The apex court further directed the squatters not to lay claim on any section of the parcel determining that the Too family had purchased the land.
“The 1st respondent herein, to wit, Sirikwa Squatters Group, its agents, members, servants, employees and/or representatives are hereby permanently restrained from entering, taking possession of and in any other manner interfering with Fanikiwa’s (the 1st appellant) quiet possession of the suit properties,” read the ruling in part.
The late nominated MP Mark Too at a past event.

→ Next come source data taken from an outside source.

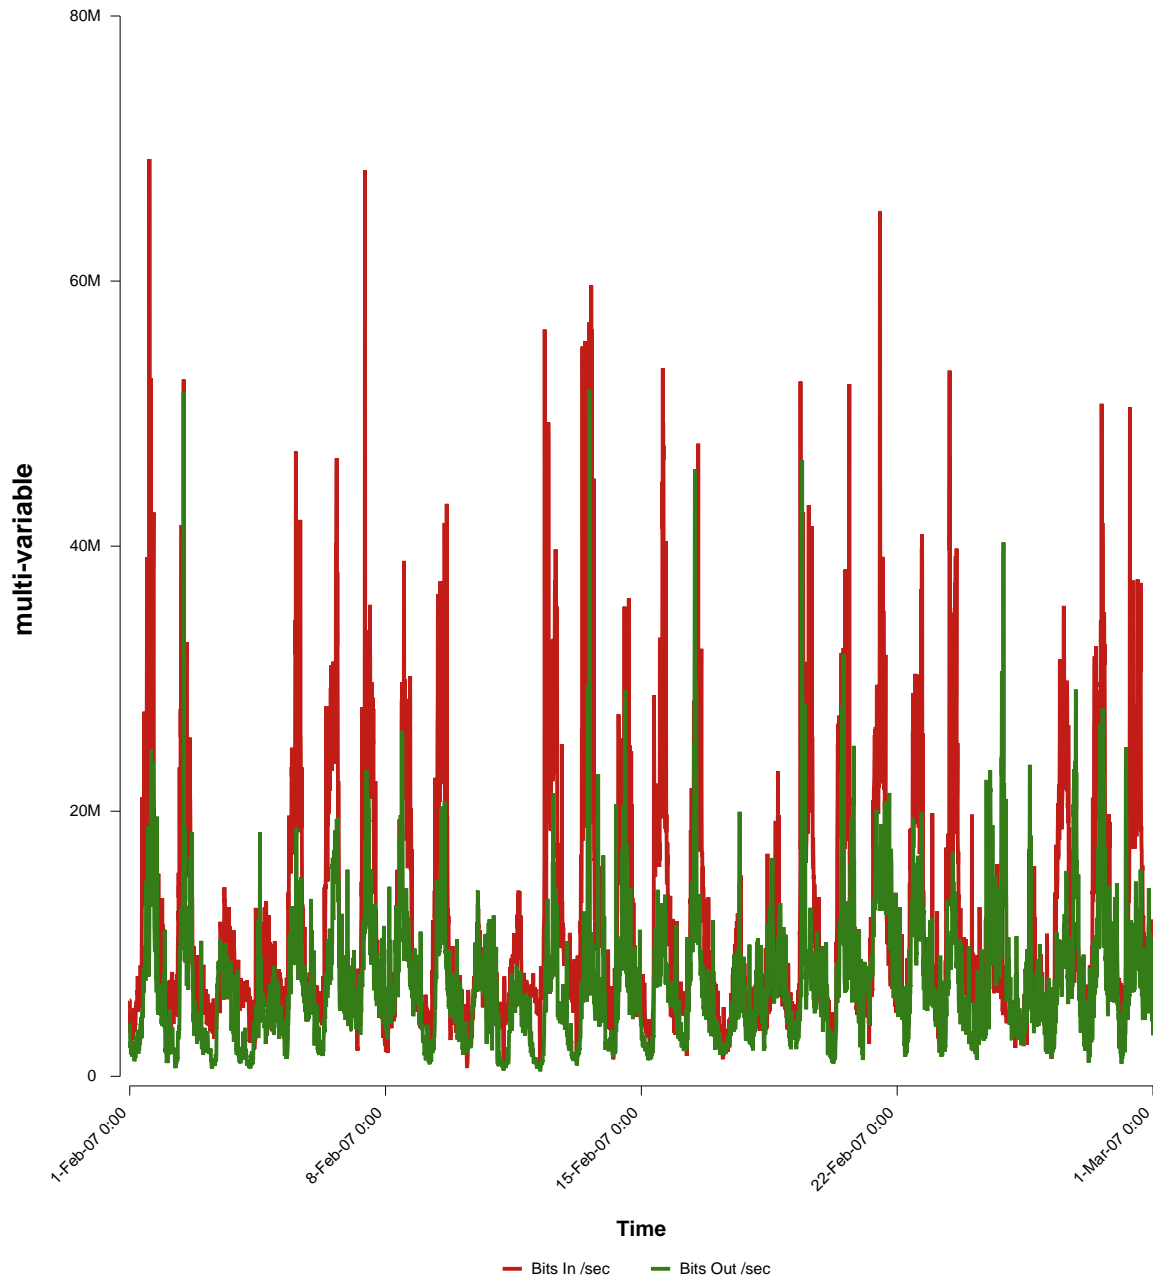

eHealth Trend Report

Divide by Time

SUNET-A-SUNDSVALL-MH

Auto Range: Last Month
From: 2007/02/01 00:00
To: 2007/02/28 23:59

Created: 2007/03/02 06:30:48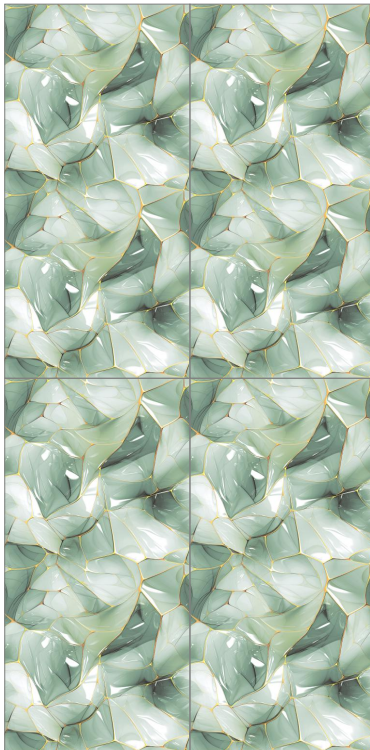

## PRISM AQUA

**PGVT**

**600x**  
1200mm

**PRISM GREY**

**Glossy** Finish

Endless

**PGVT**

**600x**  
**1200mm**

## **PRISM GREEN**

**Glossy** Finish

Endless

“We declare that the finding by the superior courts below to the effect that the retired President’s approval of allocation of the suit parcels and the subsequent surrender of the titles was for purposes of settling Sirikwa’s members, violated and arbitrarily deprived the 3rd appellant herein, Lonrho Agribusiness, of its rights over and interests in the suit parcels as guaranteed under Article 40 of the Constitution.”
The court further directed the participants in the suit to foot own costs of the suit.
The Too family and managers of Fanikiwa Limited rushed to the Supreme Court demanding a retrial after losing the case in both the High Court and the subsequent appeal in the Appellate Court.
The family, which was represented by Lawyer Fred Ngatia argued before the bench that their clients did not grab the parcels as alleged.
Instead, they argued that the company had legally purchased the land from previous owners.
The case was first filed by the squatters group in 2012 and the first ruling was delivered in 2017 where the title deeds held by the Too family were revoked.
The family then filed an appeal soon after which upheld the High Court ruling.
“Having found that Too was part and parcel of the fraudulent allocation and transfer, to himself and Fanikiwa, of the parcels of land that were expressly surrendered for settlement of the Sirikwa squatters, we find no basis or justification for the award of the acres to Too,” read the ruling at the time prompting the family to head to the Supreme Court.
In its latest ruling, the Supreme Court set aside in their entirety the judgment and orders of the trial and appellate courts.
The front view of the Supreme Court of Kenya building in Nairobi.